There weren’t any eyetooths of justice. Damn. She needed something for tomorrow night.
Zenia lifted a hand and passed over several that were for warriors, one with a coin for a business owner, and reached for one with a book on it, thinking that would help her with research. But Targyon specifically wanted her to question people and read minds. Perhaps that one with a crown would work, granting her access to magic that would assist her in numerous ways related to serving the king.

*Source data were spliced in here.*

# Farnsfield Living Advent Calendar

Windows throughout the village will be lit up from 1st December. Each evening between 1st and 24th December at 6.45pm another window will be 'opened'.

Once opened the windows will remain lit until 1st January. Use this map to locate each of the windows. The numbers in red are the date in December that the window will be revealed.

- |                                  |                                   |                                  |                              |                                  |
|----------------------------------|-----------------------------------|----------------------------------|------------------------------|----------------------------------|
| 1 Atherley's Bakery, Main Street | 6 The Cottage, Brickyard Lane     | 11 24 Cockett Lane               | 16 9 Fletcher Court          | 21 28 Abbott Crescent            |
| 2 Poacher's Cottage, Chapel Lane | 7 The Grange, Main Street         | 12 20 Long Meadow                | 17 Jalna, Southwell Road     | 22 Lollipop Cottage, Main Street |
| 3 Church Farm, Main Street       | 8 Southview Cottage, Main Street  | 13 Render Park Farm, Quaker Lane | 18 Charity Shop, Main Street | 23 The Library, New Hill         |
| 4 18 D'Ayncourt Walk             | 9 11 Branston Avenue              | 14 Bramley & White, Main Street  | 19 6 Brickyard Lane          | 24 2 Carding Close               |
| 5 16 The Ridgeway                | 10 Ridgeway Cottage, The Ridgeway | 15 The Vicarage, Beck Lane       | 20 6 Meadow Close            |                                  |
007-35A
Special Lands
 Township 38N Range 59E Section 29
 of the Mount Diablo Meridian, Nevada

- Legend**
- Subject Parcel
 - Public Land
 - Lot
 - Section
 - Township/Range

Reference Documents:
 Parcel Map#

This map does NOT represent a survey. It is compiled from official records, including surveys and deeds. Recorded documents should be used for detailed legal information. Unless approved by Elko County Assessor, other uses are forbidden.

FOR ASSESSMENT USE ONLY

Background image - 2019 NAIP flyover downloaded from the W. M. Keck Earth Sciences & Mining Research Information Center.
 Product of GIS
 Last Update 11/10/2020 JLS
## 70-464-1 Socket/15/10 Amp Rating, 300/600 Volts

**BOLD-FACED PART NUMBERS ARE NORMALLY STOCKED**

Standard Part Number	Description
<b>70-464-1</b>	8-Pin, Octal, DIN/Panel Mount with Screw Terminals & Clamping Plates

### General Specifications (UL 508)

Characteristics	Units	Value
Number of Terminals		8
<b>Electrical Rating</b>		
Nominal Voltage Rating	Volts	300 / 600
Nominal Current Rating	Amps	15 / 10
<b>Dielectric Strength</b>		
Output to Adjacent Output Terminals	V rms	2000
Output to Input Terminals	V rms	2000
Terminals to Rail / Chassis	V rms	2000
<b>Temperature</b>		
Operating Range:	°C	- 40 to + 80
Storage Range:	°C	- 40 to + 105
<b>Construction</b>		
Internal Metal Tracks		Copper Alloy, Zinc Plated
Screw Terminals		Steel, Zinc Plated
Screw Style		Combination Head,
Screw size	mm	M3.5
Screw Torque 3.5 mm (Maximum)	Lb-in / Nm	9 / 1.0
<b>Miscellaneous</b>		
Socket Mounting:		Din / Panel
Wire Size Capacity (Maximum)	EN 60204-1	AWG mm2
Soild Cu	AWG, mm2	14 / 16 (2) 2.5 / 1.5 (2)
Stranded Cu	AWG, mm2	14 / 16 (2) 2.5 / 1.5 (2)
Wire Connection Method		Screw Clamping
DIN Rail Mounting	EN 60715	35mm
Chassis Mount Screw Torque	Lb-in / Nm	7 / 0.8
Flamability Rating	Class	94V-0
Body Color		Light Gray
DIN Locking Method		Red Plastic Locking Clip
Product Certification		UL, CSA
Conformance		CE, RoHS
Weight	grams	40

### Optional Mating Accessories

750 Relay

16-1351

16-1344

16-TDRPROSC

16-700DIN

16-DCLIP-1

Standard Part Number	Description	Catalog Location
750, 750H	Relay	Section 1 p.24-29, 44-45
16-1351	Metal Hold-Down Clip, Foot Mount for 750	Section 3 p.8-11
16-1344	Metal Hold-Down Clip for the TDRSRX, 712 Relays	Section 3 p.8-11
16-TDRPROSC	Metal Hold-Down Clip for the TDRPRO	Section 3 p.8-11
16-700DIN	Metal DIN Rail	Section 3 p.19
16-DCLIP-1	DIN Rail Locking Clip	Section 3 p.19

As she reached for it, her gaze snagged on the last one in the row, a beautiful blue-green oval with tiny red veins. She’d never seen a gem like it, nor had she seen a carving as… arrogant—that was the word that sprang to mind—as this one held. It featured a dragon, its wings spread and its tail curling around to the back of the gem. Was it meant to portray one of the founder dragons? Or simply one of the wild lesser ones remaining in the world today? Who would have believed themselves worthy of wearing such a gem? What master would have carved it? And what would it do?

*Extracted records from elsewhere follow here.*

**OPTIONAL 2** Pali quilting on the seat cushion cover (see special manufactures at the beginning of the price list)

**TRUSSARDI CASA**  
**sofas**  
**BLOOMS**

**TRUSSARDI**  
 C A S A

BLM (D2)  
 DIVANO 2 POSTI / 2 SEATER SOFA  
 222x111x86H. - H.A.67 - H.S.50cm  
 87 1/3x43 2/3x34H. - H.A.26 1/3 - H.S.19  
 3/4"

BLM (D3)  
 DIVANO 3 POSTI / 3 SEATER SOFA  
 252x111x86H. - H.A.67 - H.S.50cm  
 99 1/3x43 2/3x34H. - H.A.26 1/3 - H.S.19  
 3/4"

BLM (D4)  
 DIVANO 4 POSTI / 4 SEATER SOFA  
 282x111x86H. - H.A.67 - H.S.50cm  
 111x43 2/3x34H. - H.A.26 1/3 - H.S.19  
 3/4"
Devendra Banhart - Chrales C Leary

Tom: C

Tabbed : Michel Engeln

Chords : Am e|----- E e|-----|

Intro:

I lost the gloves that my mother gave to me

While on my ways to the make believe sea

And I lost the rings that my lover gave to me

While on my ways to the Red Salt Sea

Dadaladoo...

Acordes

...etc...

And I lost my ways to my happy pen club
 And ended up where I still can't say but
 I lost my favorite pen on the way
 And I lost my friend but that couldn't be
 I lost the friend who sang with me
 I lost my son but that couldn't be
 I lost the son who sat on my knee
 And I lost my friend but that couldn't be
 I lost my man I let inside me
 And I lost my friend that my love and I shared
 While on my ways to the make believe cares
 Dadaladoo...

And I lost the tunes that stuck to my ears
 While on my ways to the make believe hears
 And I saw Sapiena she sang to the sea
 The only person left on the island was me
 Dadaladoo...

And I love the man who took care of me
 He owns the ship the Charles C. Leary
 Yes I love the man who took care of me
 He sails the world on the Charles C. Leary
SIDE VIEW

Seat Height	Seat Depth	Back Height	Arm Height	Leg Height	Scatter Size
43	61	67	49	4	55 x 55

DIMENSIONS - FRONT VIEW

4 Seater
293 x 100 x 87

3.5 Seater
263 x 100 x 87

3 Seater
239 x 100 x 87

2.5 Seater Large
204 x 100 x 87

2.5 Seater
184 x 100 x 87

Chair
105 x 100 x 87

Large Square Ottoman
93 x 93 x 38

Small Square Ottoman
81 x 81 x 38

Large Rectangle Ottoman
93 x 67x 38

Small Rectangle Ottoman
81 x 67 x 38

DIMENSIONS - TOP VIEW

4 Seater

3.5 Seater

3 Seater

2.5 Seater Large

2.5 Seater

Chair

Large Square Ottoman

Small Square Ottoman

“That one’s intriguing, isn’t it?” Targyon must have noticed her gaze. “There were a few notes in the box. Apparently, that one is more than a thousand years old and was worn by several kings over the centuries. It grants mind powers such as dragons have, so you’d likely be able to do all the mental magic you had in your repertoire as an inquisitor. Along with some additional things, I imagine. There’s a mention of a king using it to hurl his enemies about on the battlefield. With his mind.”
Zenia blinked. She’d never wanted that kind of power, and the idea of having it scared her. No, she admitted. She’d wanted it once. When she’d gone to her zyndar father, begging for enough money to pay for her mother’s treatment, and the man had ordered her carried off his property like a sack of potatoes. If she’d had such power then…
She shook her h
ead. “I couldn’t take a family heirloom, Sire. I think the crown would do what you need me to do.”
“You wouldn’t be taking it far. I know where your office is. And I was thinking that you should have a room at the castle so you don’t have to travel so far every day to get here. You, too, Jev.” Targyon waved to include him.
“I accept,” Jev said. “Sleeping on the floor in your library wasn’t that comfortable.”
“You could have stayed awake all night like I did.”
“Yes, that would have been much more comfortable.”
Targyon smiled faintly. He did look tired. Was he sleeping at all, or was he too worried about potential assassins lurking?
Zenia reached for the crown. “Let me see if it accepts me and does what you need, Sire. Then—”
Targyon lifted his hand to block her, then pointed at the dragon. “Try this one first, will you? I’m quite curious myself, I must admit. And I feel like…” He looked toward an empty corner of his desk. “I know you sacrificed much for the kingdom, to do what was right. I appreciate that. As I said before, I don’t yet have many people I know I can trust. I’d like those that I can to be powerful, so they can protect themselves as well as me and the interests of the kingdom.”
Powerful? A little chill went down Zenia’s spine. Did he know more about the dragon tear than he was saying?
“I can try it,” she said, eyeing the gem with wariness. “A mage newly linked to a dragon tear usually partakes in a ceremony where she spends three days fasting and acquainting herself with its unique magical signature.”
“You have until tomorrow night.” Targyon’s tone was dry, but he did spread his hand in apology. “The invitations were already sent out. I didn’t want to give myself time to chicken out.”
“We have a lot of people to talk to before then,” Jev said. “Zenia, can you do your ceremony in a steam carriage in between meetings?”
“Uh.” She didn’t know how to explain the attuning process to them, but she remembered it well and didn’t think it should be dismissed. Her druthers would be to wait until after things settled down and she could take three days off, but if Targyon wanted her to be able to use the dragon tear at his reception, what choice did she have? “I’ll do my best.”